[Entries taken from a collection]
· · · · · · ·
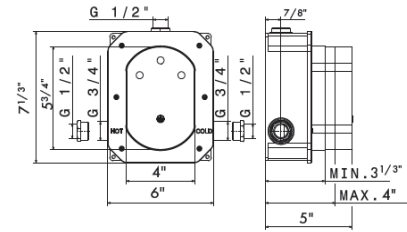

PAIR WITH CONCEALED THERMOSTATIC MIXERS

27750

1 way out

Universal concealed body

Pair with:
Blink - 70410E, 70413E, 70416E, 70419E
Nio - 70422E

00 Neutral

$795

27751

2 ways out

Universal concealed body

Pair with:
Blink - 70411E, 70414E, 70417E, 70420E
Nio - 70423E

00 Neutral

$910 ✓

27752

3 ways out

Universal concealed body

Pair with:
Blink - 70412E, 70415E, 70418E, 70421E
Nio - 70424E

00 Neutral

$955 ✓
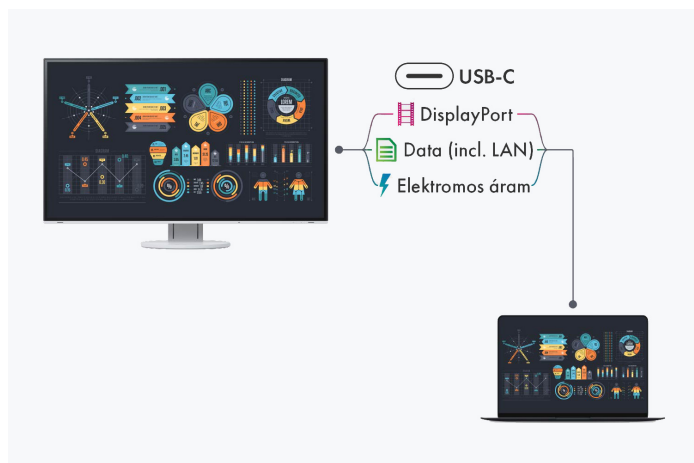

Sokoldalú csatlakoztathatóság A legjobb kapcsolódás

A legkorszerűbb eszközök csatlakoztatását is lehetővé tevő C típusú USB-aljzat

A video- és audiófájlok lejátszásához, a adatátvitelhez, a hálózati jelek továbbításához, valamint a csatlakoztatott eszközök tápellátásához és még számos egyéb funkcióhoz mindössze egyetlen, C típusú USB-kábel is elegendő. A központi dokkolóállomásként is használható EV2795 monitorhoz gyorsan és kényelmesen hozzácsatlakoztathatja notebookját. A különböző munkahelyek, vagy az irodai és az otthoni munkavégzés közötti átváltáskor ez különösen hasznos.

A 70 W teljesítményű tápellátást nyújtó C típusú USB-csatlakozón keresztül megbízhatóan feltölthetők a kisebb számítógépek és a notebookok. Mivel így nincs szükség további számítógépes tápegységekre, több hely marad az íróasztalon.

Különböző készülékek választékát, valamint a monitor és a számítógép közötti kompatibilitást teszteltük az Ön számára, és összefoglaltuk őket [a nemzetközi EIZO weboldalon](#).
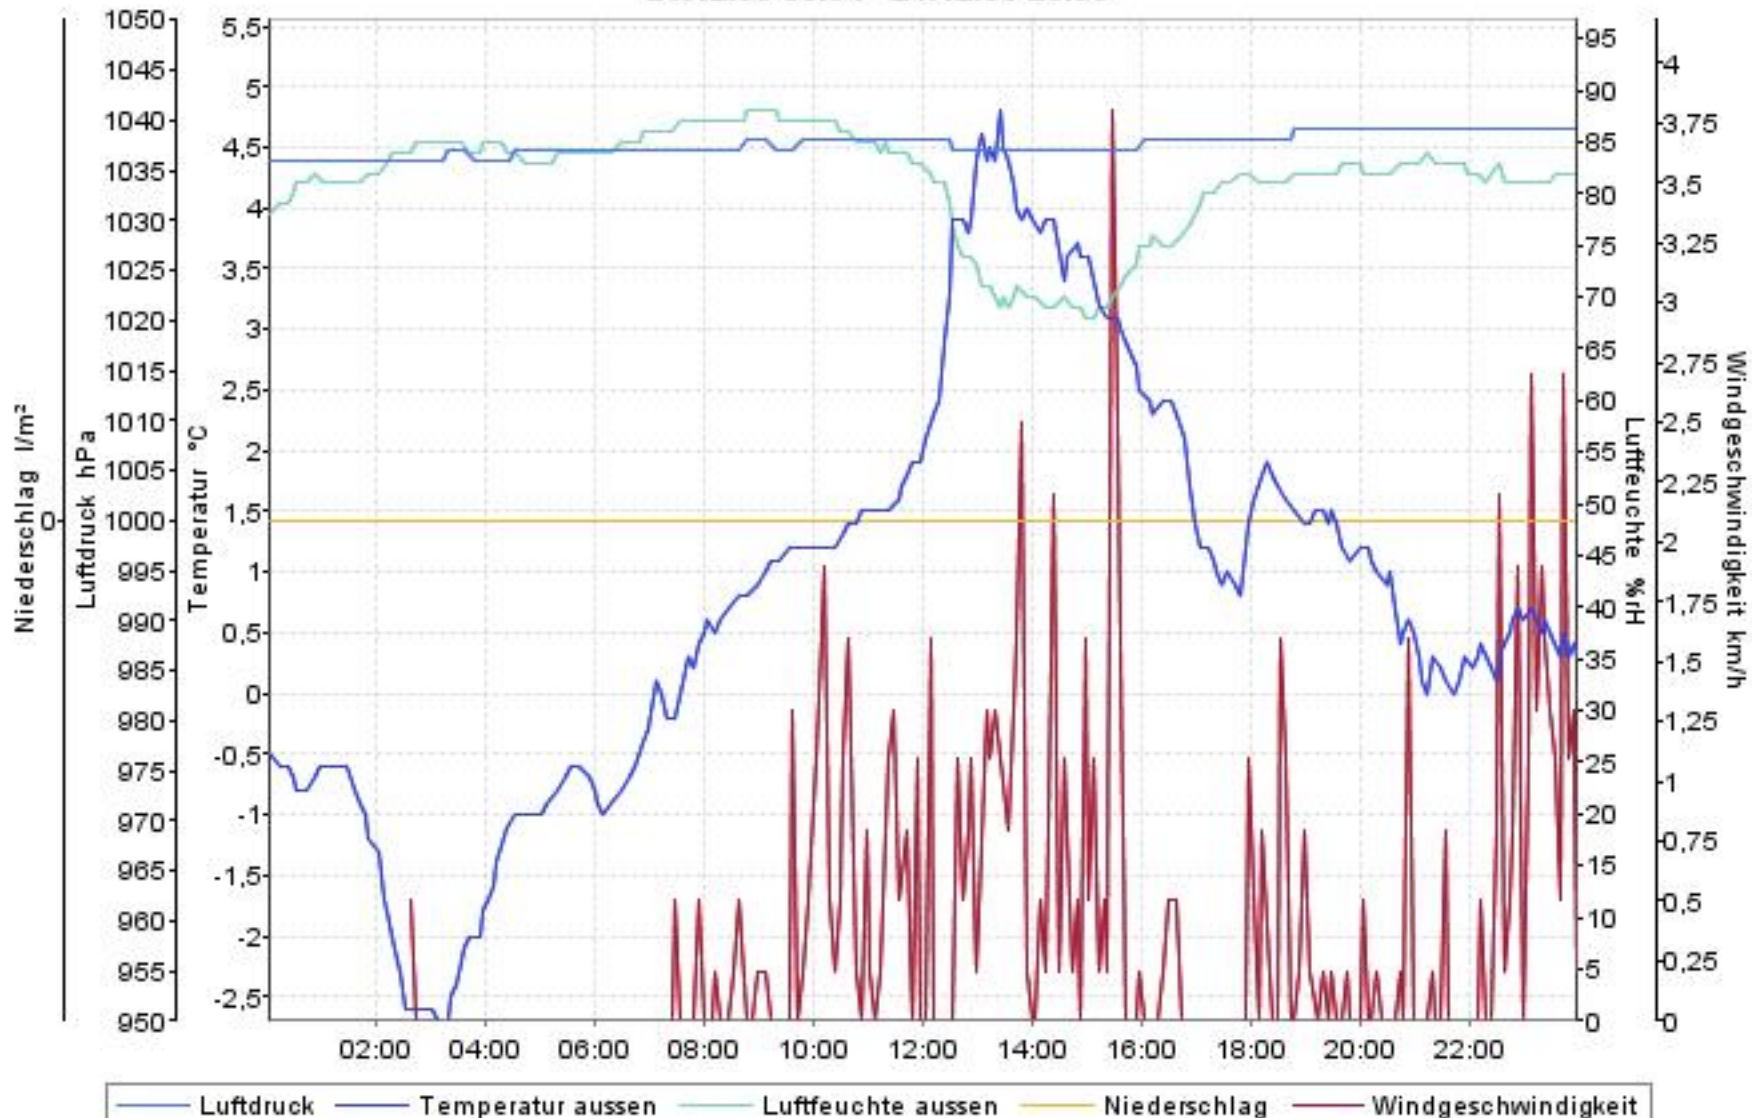

Wetterverlauf

18.12.06 00:03 - 24.12.06 23:59

Wetterverlauf

18.12.06 00:03 - 18.12.06 23:59

Wetterverlauf

19.12.06 00:04 - 19.12.06 23:58

Wetterverlauf

20.12.06 00:03 - 20.12.06 23:59

Wetterverlauf

21.12.06 00:04 - 21.12.06 23:58

Wetterverlauf

22.12.06 00:03 - 22.12.06 23:59

Wetterverlauf

23.12.06 00:04 - 23.12.06 23:59

Wetterverlauf

24.12.06 00:04 - 24.12.06 23:59
· · · · · · ·
Locate the word "típusú" in the data above. Copy every line carrying it.

* _Expected answer_
A legkorszerűbb eszközök csatlakoztatását is lehetővé tevő C típusú USB-aljzat
A video- és audiófájlok lejátszásához, a adatátvitelhez, a hálózati jelek továbbításához, valamint a csatlakoztatott eszközök tápellátásához és még számos egyéb funkcióhoz mindössze egyetlen, C típusú USB-kábel is elegendő. A központi dokkolóállomásként is használható EV2795 monitorhoz gyorsan és kényelmesen hozzácsatlakoztathatja notebookját. A különböző munkahelyek, vagy az irodai és az otthoni munkavégzés közötti átváltáskor ez különösen hasznos.
A 70 W teljesítményű tápellátást nyújtó C típusú USB-csatlakozón keresztül megbízhatóan feltölthetők a kisebb számítógépek és a notebookok. Mivel így nincs szükség további számítógépes tápegységekre, több hely marad az íróasztalon.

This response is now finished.